Giancarlo Lombardi conducted his undergraduate studies in Italy, where he began his investigation of contemporary world literature. He came to the United States in 1990, and obtained a Ph.D. in Romance Studies at Cornell University, where he pursued his interests in 19th and 20th century Italian, French, English, and American literature, literary theory, film studies, and cultural studies. He taught Italian cinema at the University of Rochester, and then spent four years at Smith College, where he taught Italian language and literature. Since 1999, he has been working at the College of Staten Island, where he coordinated the Italian program as well as teaching courses in Italian, Film Studies, American Studies, Women’s Studies as well as Science, Letters and Society.
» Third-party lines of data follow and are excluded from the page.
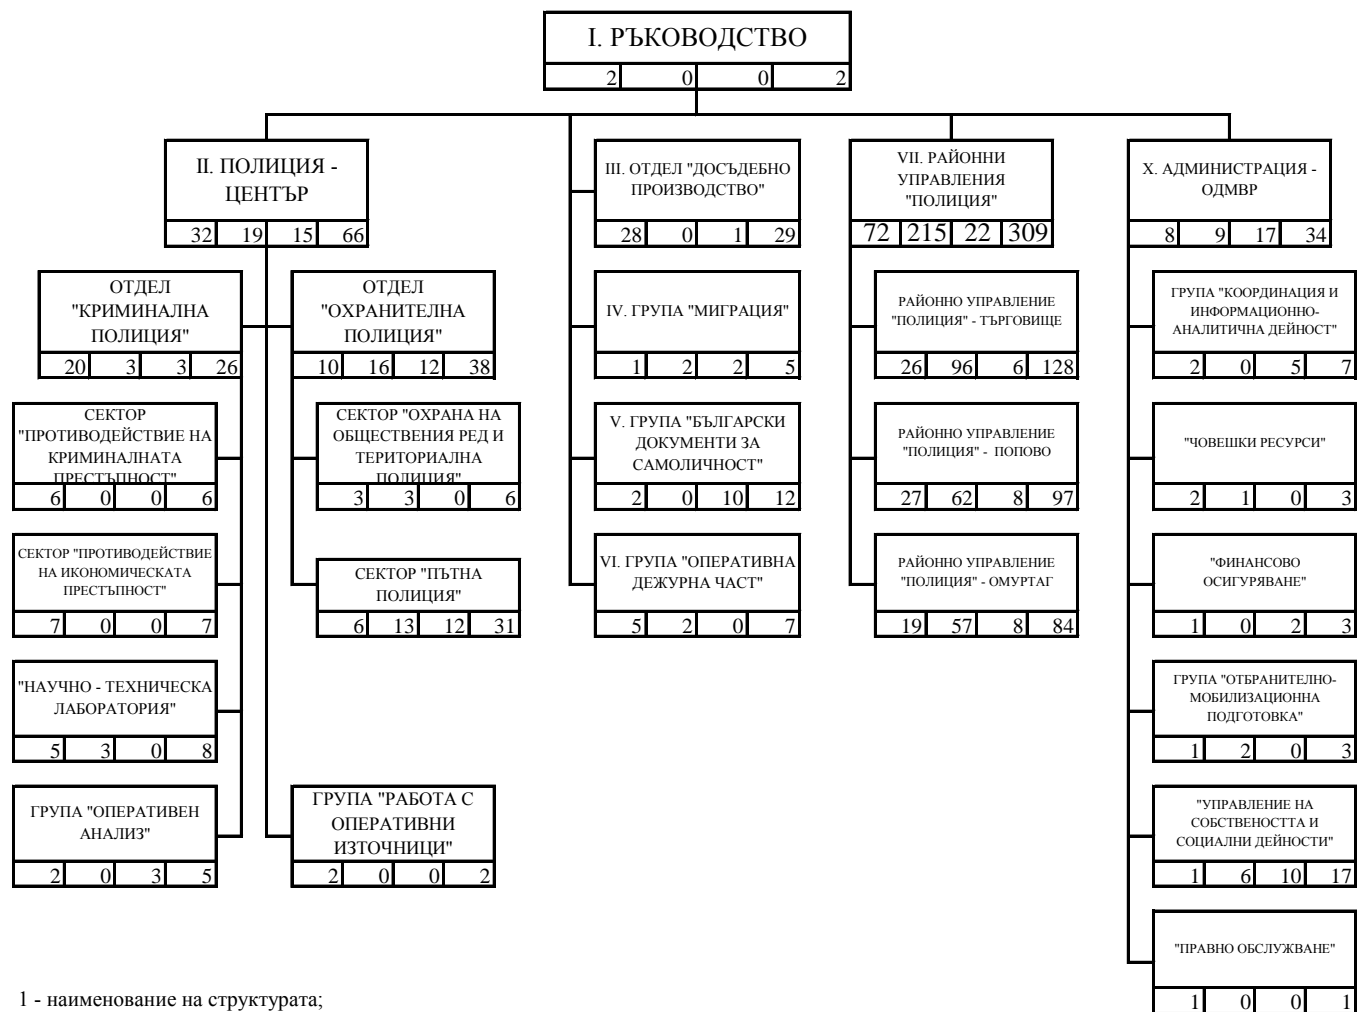

СТРУКТУРНА СХЕМА НА ОБЛАСТНА ДИРЕКЦИЯ НА МВР - ТЪРГОВИЩЕ

ЛЕГЕНДА

1				
2	3	4	5	

- 1 - наименование на структурата;
- 2 - държавни служители с висше образование;
- 3 - държавни служители със средно образование;
- 4 - лица, работещи по трудово правоотношение;
- 5 - общ брой служители.

<b>Общо в ОДМВР - Търговище:</b>				
<b>150</b>	<b>247</b>	<b>67</b>	<b>464</b>

In 2002, he received an appointment in the Comparative Literature program at the Graduate Center, where he has taught courses on Italian Cinema, Italian Women Writers, the Decadent Movement, and Gender Studies. Since 2014, he has been serving as Executive Officer (Chair) of the PhD/MA Program in Comparative Literature at the Graduate Center.
Degrees
Laurea, Universitá di Roma "La Sapienza"
MA, Cornell University
PhD, Cornell University
Giancarlo Lombardi’s research has followed several paths over the years. His first articles on contemporary European and American women writers eventually led to the publication, in 2002, of a book on feminist fictional journals entitled Rooms With a View: Feminist Diary Fiction (Fairleigh Dickinson UP). Since the mid 90’s he has also been very active in the field of Italian film studies, publishing several articles on contemporary Italian cinema. He has co-edited three volumes on this subject: Terrorism Italian Style: The Representation of Terrorism and Political Violence in Contemporary Italian Cinema (IGRS, 2011), Remembering Aldo Moro: Historiographical and Cultural Representations of the Moro Affair (Legenda, 2012) and Nuovo cinema politico: Public Life, Imaginary and Identity in Contemporary Italian Film (Lang, 2016). For the past decade, his research has shifted towards the study of television drama: he has published extensively on Italian seriality and, after extensive teaching of Pop Culture courses in the American Studies program at CSI, on US television drama such as Lost and The Sopranos. Most recently, he has widened the scope of his analysis of television drama to a comparative approach that encompasses serial production from Europe and the Americas. He's currently working on two book manuscripts, one on classic Italian television from the 60s and 70s (Belfagor e dintorni) and another on global seriality (Television without Borders).